正確にはさっきから聞こえていたのだが、山田が視界から消えたので舌打ちの音量がアップした。顔をみれば見事なまでにしかめ面をしていた。
「……ムカツク。マジで腹立つんだけど」
イライラを隠せないといった感じでつぶやき、再び「チッ」と大きな舌打ちをする。
「ま、まあ落ちつけって」
宥めようと声を掛けたが、凄い目で見られた。
「ほら、山田は攻略済なわけだろ。別に今さら誰を好きになっても問題ないだろ」
「はぁ!?」
ドスの効いた声に俺は固まった。
「私がムカついてるのは今の話をここでしたこと。あれ、絶対私に対する当てつけでしょ。一目惚れとか運命の相手とか言って、私よりも神原君の妹が上って言いたいんでしょ。こっちはあいつを落とすのに時間掛かったのにさ。あのクソ、マジで性格終わってるんだけど」
そいつは誤解だと思うぞ。
話してみた感じ、王子は頭が中々にお花畑だった。チャイムが鳴る直前なのに飛び出していったのがその証拠だ。恐らく風間の存在を忘れていたんだろう。
「あぁ、イライラする!」
これは何を言っても逆効果になりそうだな。俺に飛び火するのは困るし、ここは静かに座っておこう。

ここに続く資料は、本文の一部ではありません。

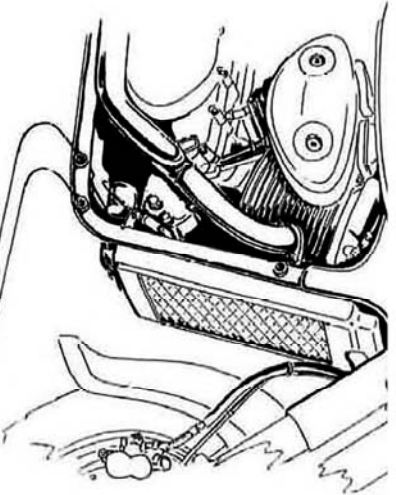

**Forward control**  
**Suzuki VL800 / C800 / M800 <10**  
 Art.no. 493-603 / 803

Torque			
Bolt size / thread	Steel	Steel 8.8	Stainless
M5	6Nm	9Nm	4Nm
M6	10Nm	15Nm	7.5Nm
M8	25Nm	37Nm	18Nm
M10x1.25	57Nm	83Nm	37Nm
M12x1.25	101Nm	149Nm	71Nm
M12	87Nm	130Nm	62Nm

**Revised # 2**

Please check all fixings and mounting points before assembly as listed on the mounting instruction sheet.

This accessory should be mounted by a professional mechanic only. Motolux International B.V. / Highway Hawk can not be held responsible for improper installation.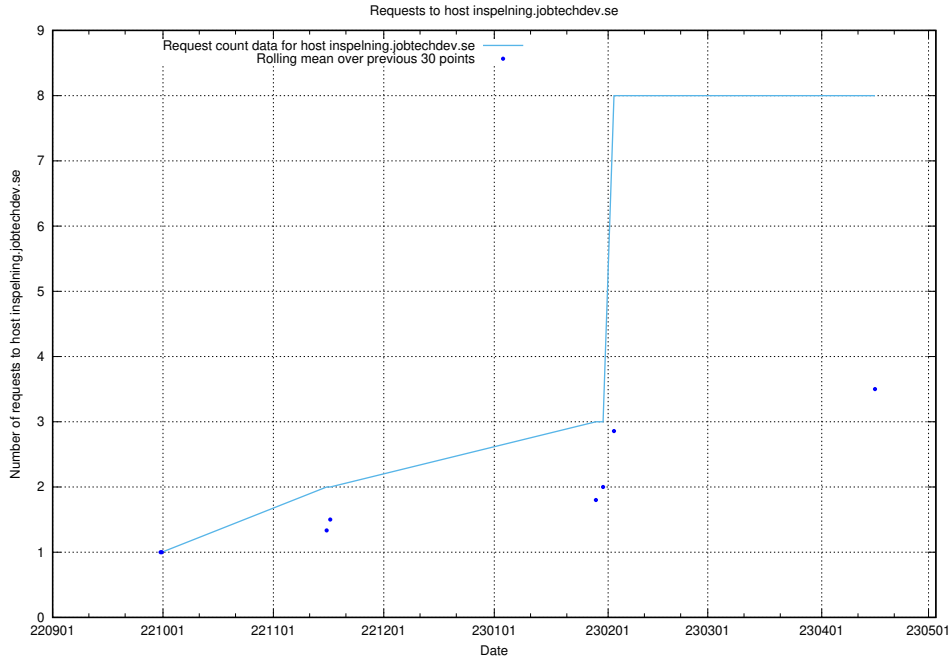

7.62 Usage of inspelning.jobtechdev.se

Here, we count the number of requests to host inspelning.jobtechdev.se.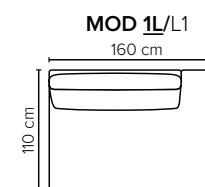

COMBINATIONS

Choose from available sofa models

MODULES

Design your own sofa

bellus®

1. **SEAT:** Cloud^{Plus} System: Pocket springs + HR Foam 35 kg + on top feather mixed with shredded foam
2. **BACK:** Siliconized polyester fiber
   Loose seat cushions and loose back cushions
3. **ARMREST:** Foam 25-30 kg

1. **DECO PILLOWS:** Filling: feather mixed with shredded foam
   1 deco pillow per armrest size 60x65 cm
   1 deco pillow per corner size 60x65 cm
   Note: Loveseat has 1 deco pillow size 60x65 cm
2. **FRAME:** Plywood + wood + foam 25 kg
3. **LEG OPTIONS:** No leg choices available for this sofa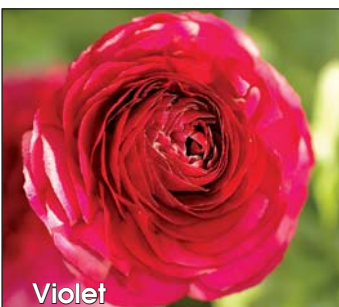

Friandine F1 Series

Cut Flower Ranunculus

www.highsun.com.au Ph: 1300 137 584 Fax: 1800 644 015 Available as Plugs or Seed

- 100% double flowers
- good colour range
- strong, high stems
- high productivity
- very good winter production
- average of 10 stems per plant
- available as a mix
- shipping of Ranunculus orders starts from week 10

Pink

Pink Picotee

Violet

White

White Picotee

Yellow Picotee

Colour	Flowering	Flower Size	Prod'n	Stem
Carmine	medium	big	high	strong
Champagne	early	medium	very high	medium
Chocolat	early	big	very high	medium
Lavender	early	medium	very high	long
Lemon	early	small	very high	medium
Mustard	early	medium	high	medium
Orange	medium	big	very high	strong

Colour	Flowering	Flower Size	Prod'n	Stem
Pastel	late	big	medium	strong
Pink	late	very big	low	very strong
Pink Picotee	medium	big	high	strong
Violet	early	medium	very high	strong
White	early	big	high	strong
White Picotee	late	big	medium	excellent
Yellow Picotee	medium	medium	medium	medium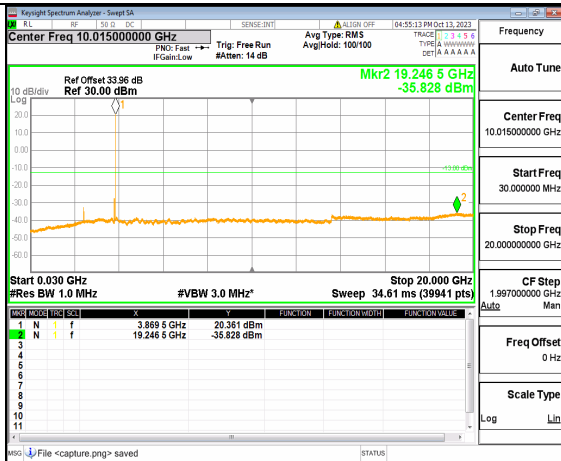

5A_n77(3700-3980MHz) (30MHz-20GHz) 60M DFT-s-OFDM BPSK Edge_1RB_Left Mid

5A_n77(3700-3980MHz) (30MHz-20GHz) 60M DFT-s-OFDM BPSK Edge_1RB_Right Mid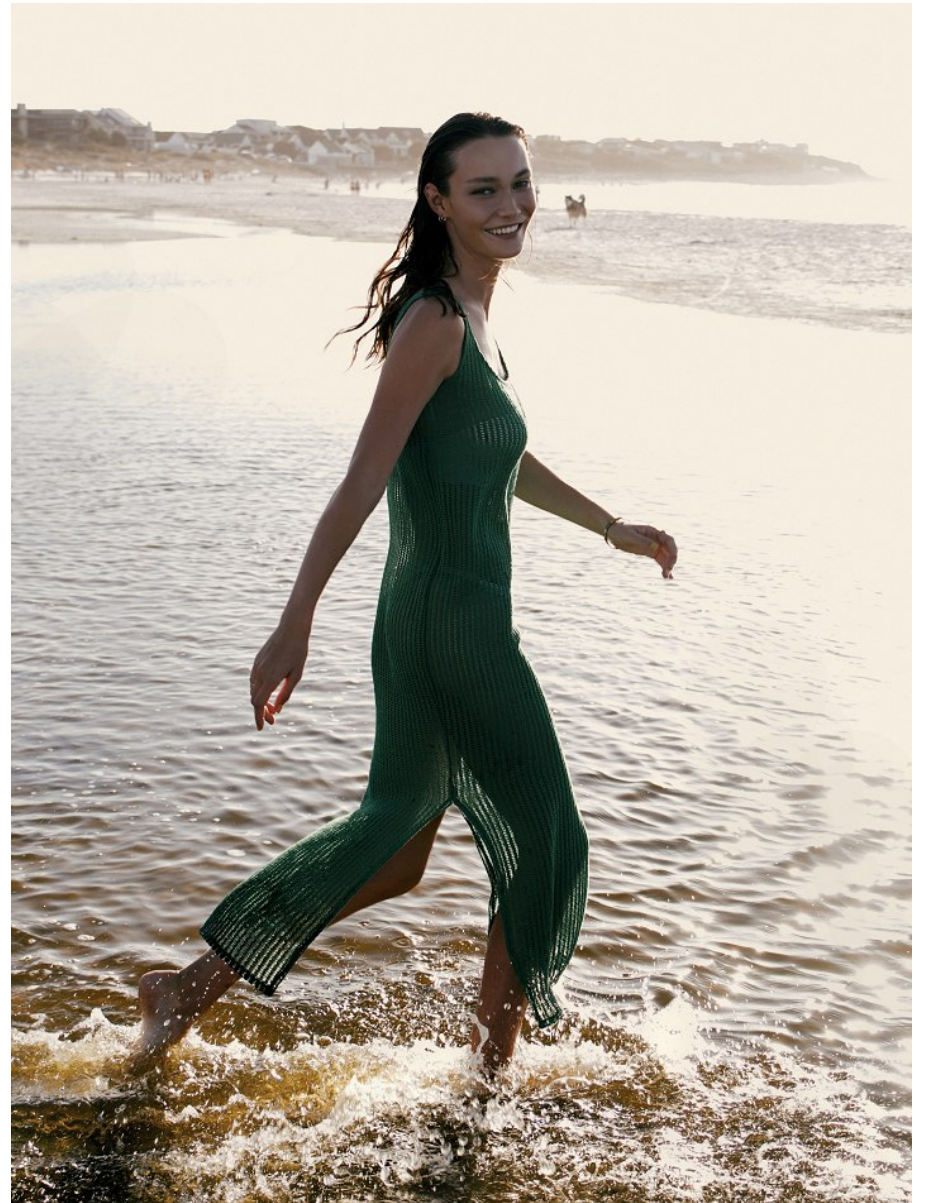

BOSS MODELS

CAPE TOWN

ALEX SWANEPOEL

Height: 179cm Bust: 86cm Waist: 61cm Hips: 90cm Shoe: 7 UK Hair: Light Brown Eyes: Green

BOSS MODELS

CAPE TOWN

ALEX SWANEPOEL

Height: 179cm Bust: 86cm Waist: 61cm Hips: 90cm Shoe: 7 UK Hair: Light Brown Eyes: Green

「てか、このイライラも元を辿れば神原君のせいなんだけど?」
「俺は関係ないだろっ」
「関係あるっての。ったく、こっちもあれくらい難易度の低い雑魚だったら簡単だったのに」
よくわからんけど雑魚呼ばわりされてるぞ、王子よ。
何故かイライラの元凶にされた俺はこれ以上の刺激はまずいと考え、地蔵のようにジッとしていた。
……
…………
その日から二つの変化があった。
一つは風間が目に見えて不機嫌になったこと。イライラしているのが誰の目から明らかで、徐々に評価を落としていった。
そして二つ目は、我が妹である神原彩音に恋人がいるかもしれないという噂が流れたことだ。